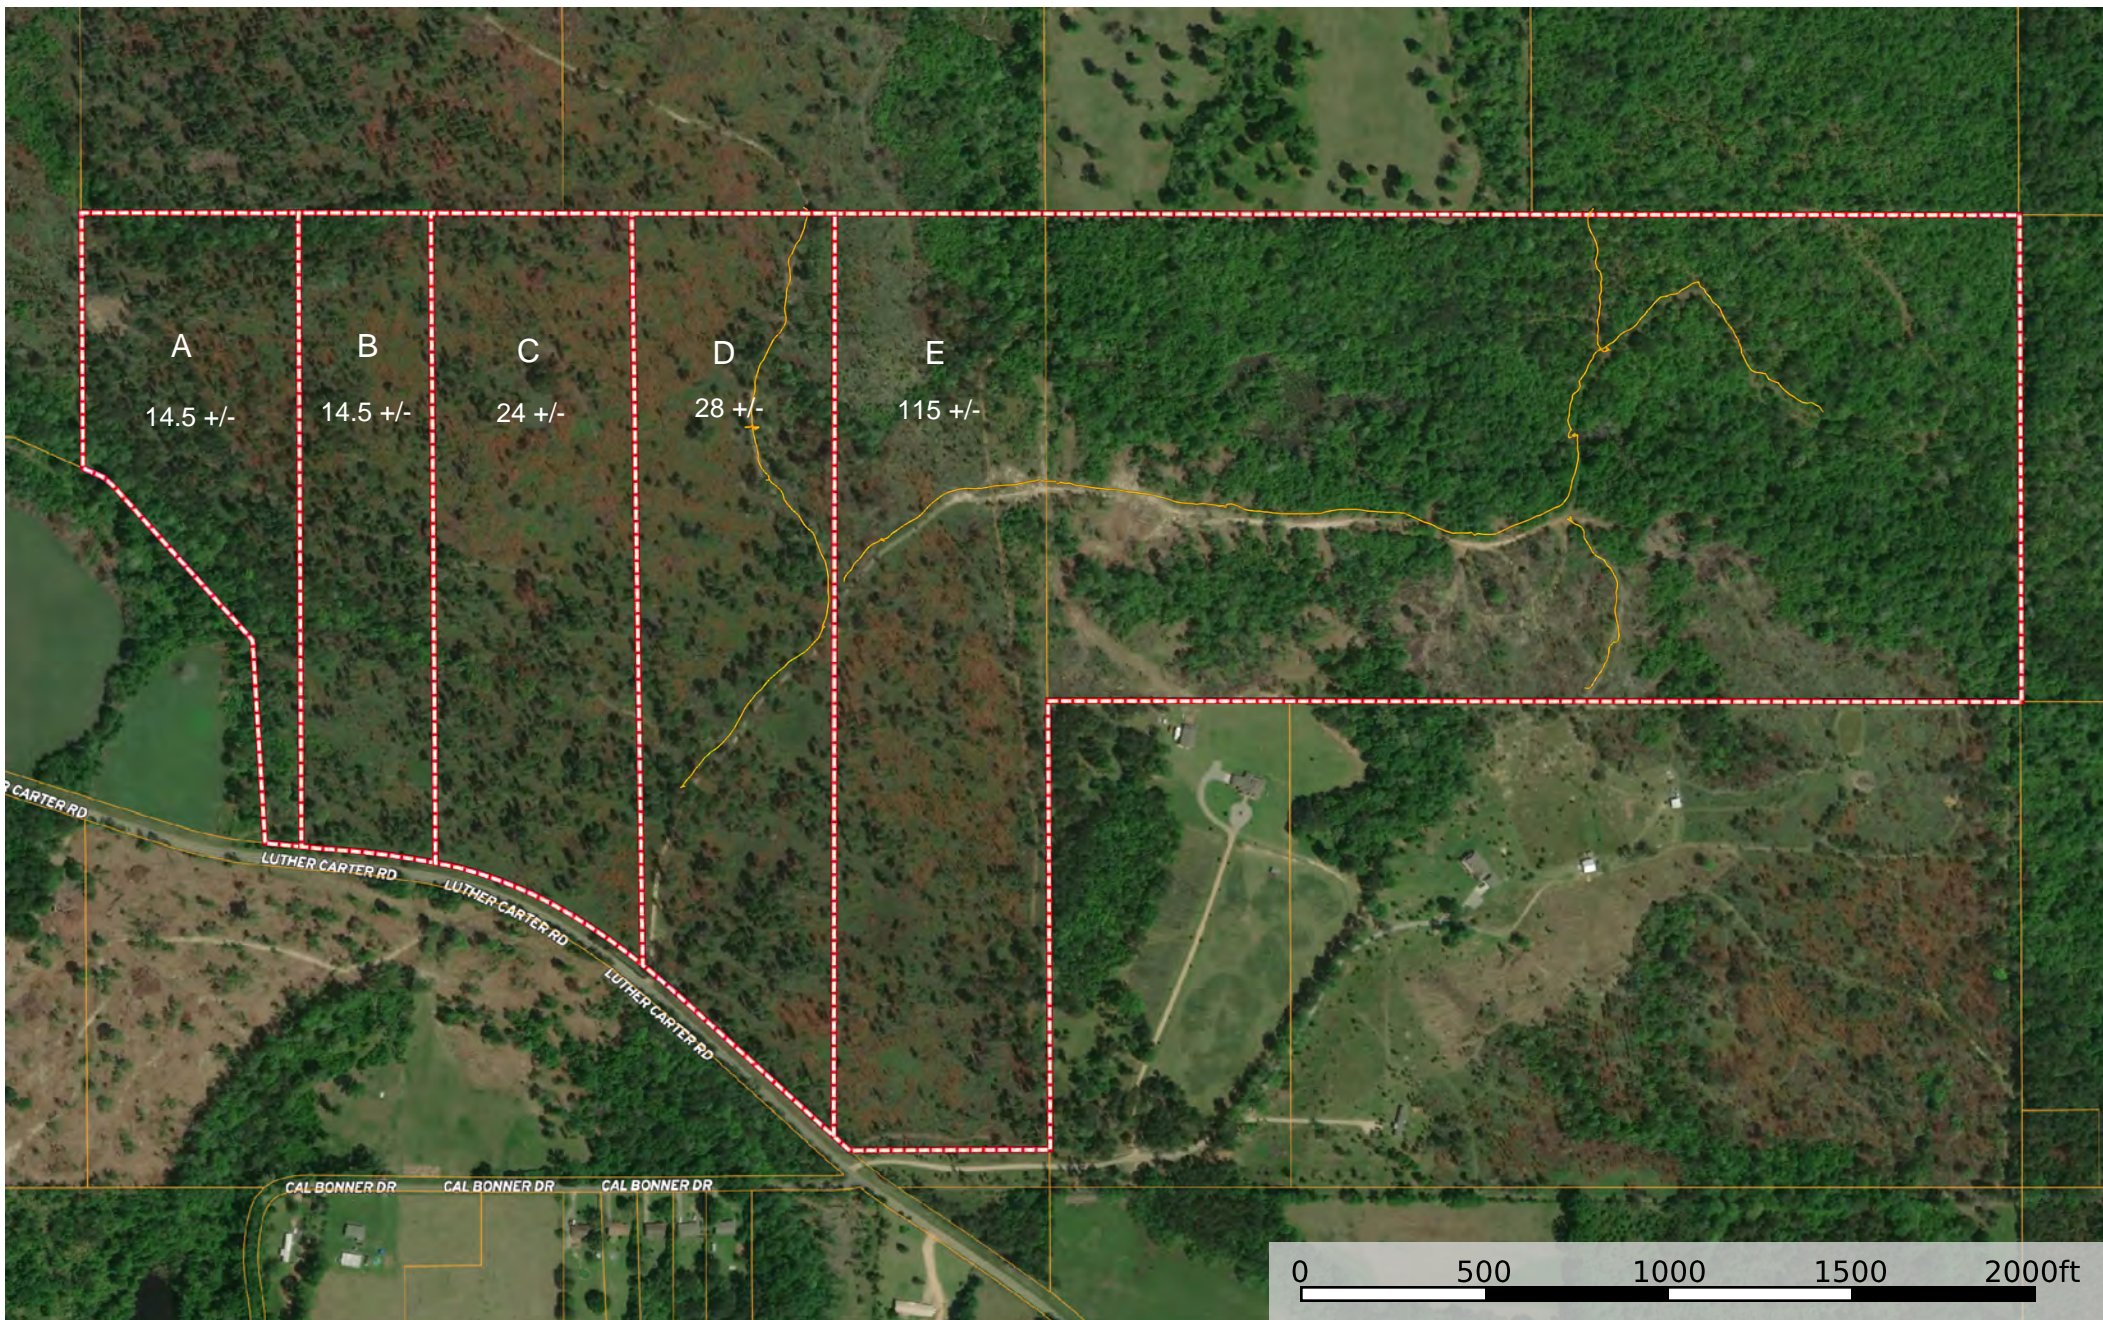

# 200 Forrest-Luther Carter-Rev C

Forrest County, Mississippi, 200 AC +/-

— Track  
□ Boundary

--------

• **Exercise objective**: The whole listing should be restated word for word, with no pictures.

• **Response below**:
# 200 Forrest-Luther Carter-Rev C

Forrest County, Mississippi, 200 AC +/-

— Track  
□ Boundary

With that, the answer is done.